The owner of an upscale apartment building in Uptown has found a novel — and expensive — solution to a lawsuit over a leaking underground parking garage.

Lake and Knox LLC, the owner of the 57-unit apartment at 1800 W. Lake St. in Minneapolis, wants to fill in the lowest level of an underground garage with sand and rock. The owners then want to build a tunnel to a new ramp on an adjoining piece of land and even provide 24-hour valet service until the new lot is complete.

The proposed agreement will also require the building owners to stop pumping groundwater from the parking garage into the Minneapolis Chain of Lakes, which sparked a lawsuit from the City of Minneapolis and the Park Board.

Under the agreement outlined Monday in Hennepin County District Court, the apartment owners must stop pumping groundwater by March 31. The building has been pumping 90 million gallons of groundwater a year to a nearby lagoon; that's enough to fill the seating area of Target Center.

"We're very pleased with this settlement," Park Board attorney Brian Rice said at the hearing.

The city of Minneapolis and the Park Board sued the building owners a year ago, arguing that the groundwater pumping was both illegal and harmed the quality of nearby waters, particularly Lake Calhoun and the lagoon between Calhoun and Lake of the Isles.

Judge Philip D. Bush ruled the pumping is illegal.

Rice is scheduled to discuss the litigation with the board in a closed session on Wednesday. The board is seeking damages to offset the impact of extra algae-feeding phosphorus that city and park experts say is carried by the pumped water into the lake.

The finer details of the agreement crafted by attorney Charles Nauen, representing the city, and Del Ehrich, for Lake and Knox, now will be fleshed out. The final deal is expected to be submitted to the City Council for approval in mid-January, and then submitted to Bush for formal approval.

"It appears this is a workable solution," Bush said after hearing the tentative agreement.

The deal calls for the building owner to reimburse the city $130,709 for extra sewer cleaning and to reroute the pumped water from the lagoon out onto Calhoun to minimize unsafe ice conditions for the City of Lakes Loppet ski races. It will also pay about $75,000 more for rerouting the flow in the coming winter.

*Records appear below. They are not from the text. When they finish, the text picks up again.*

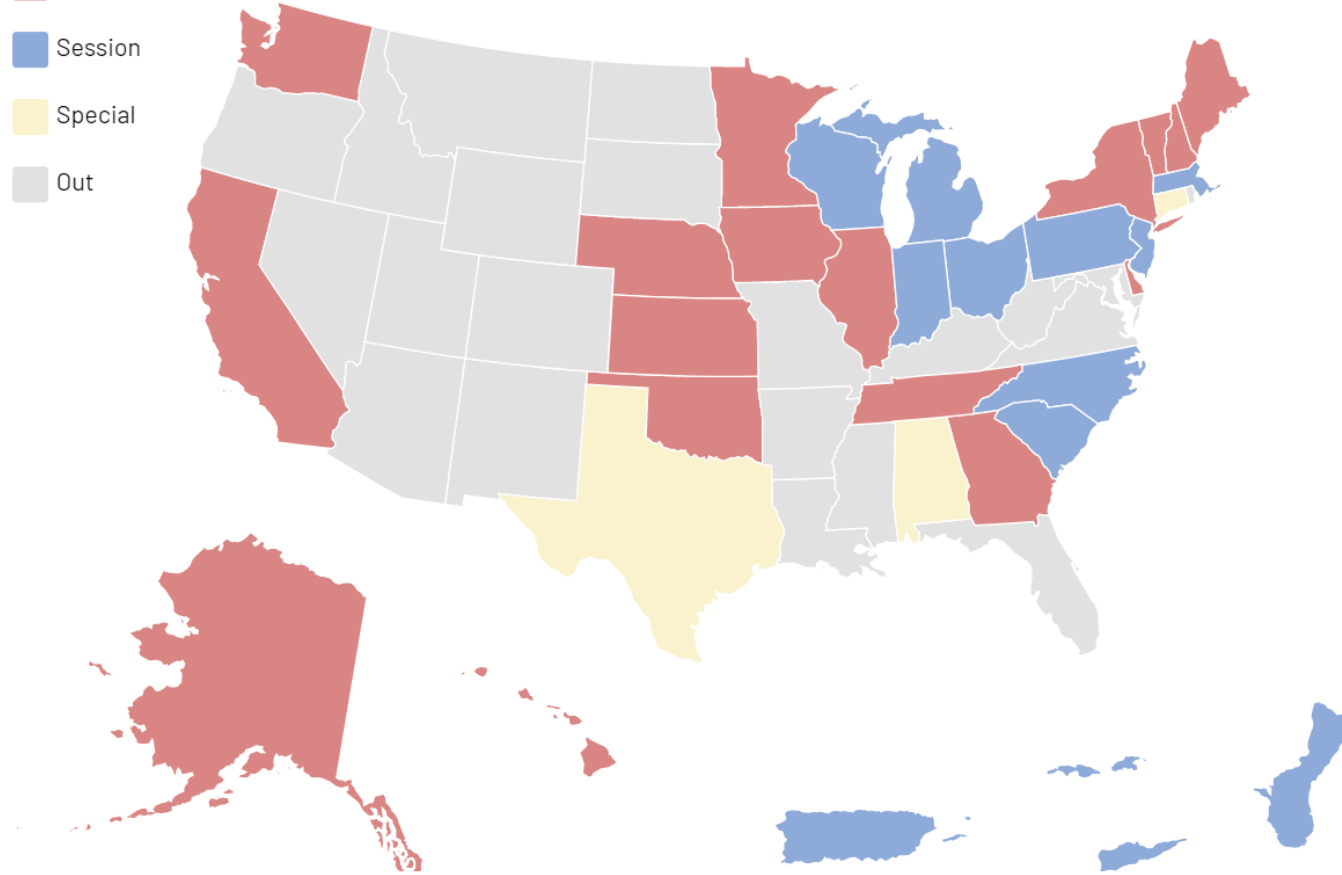

Goldie's Act (HR 6100)

**OPPOSE:** Livestock Regulatory Protection Act (S 1475)

By Jim - Flickr, CC BY 2.0, <https://commons.wikimedia.org/wiki/index.php?curid=1050996>

# STATE LEGISLATION

Is your state in its legislative session right now?

- Recess
- Session
- Special
- Out

Map credit: StateScape 2021-09-28

# STATE LEGISLATION

Victories

Lake and Knox said in court filings that it plans to use valet parking temporarily and build a new underground ramp next door within a year to replace the parking it loses when it fills in its lower-level garage area, which was built below the water table.

Lake and Knox is now seeking damages from several of its technical consultants on the apartment project, which was completed in 2011.

The replacement parking is not part of the agreement, but Lake and Knox owners said replacing the lost spaces is crucial to hold on to tenants and ensure the owners have the cash flow to finance the work.

The owners plan to remove mechanical and electrical components from the lower parking level, fill it with sand and gravel, and then seal it off from remaining basement parking. The firm said that careful fill-in work is crucial to ensuring the building remains stable. It estimates the work will cost $1.2 million, while new parking is expected to cost $2 million.

"This is a big construction project, a lot of moving pieces. Everybody expects it will be implemented," Ehrich said.

"It is turning the basement into a much deeper footing for the building," Bush said.

The judge keeps jurisdiction over the deal in case disputes arise. The agreement allows for delays in the event of major weather challenges.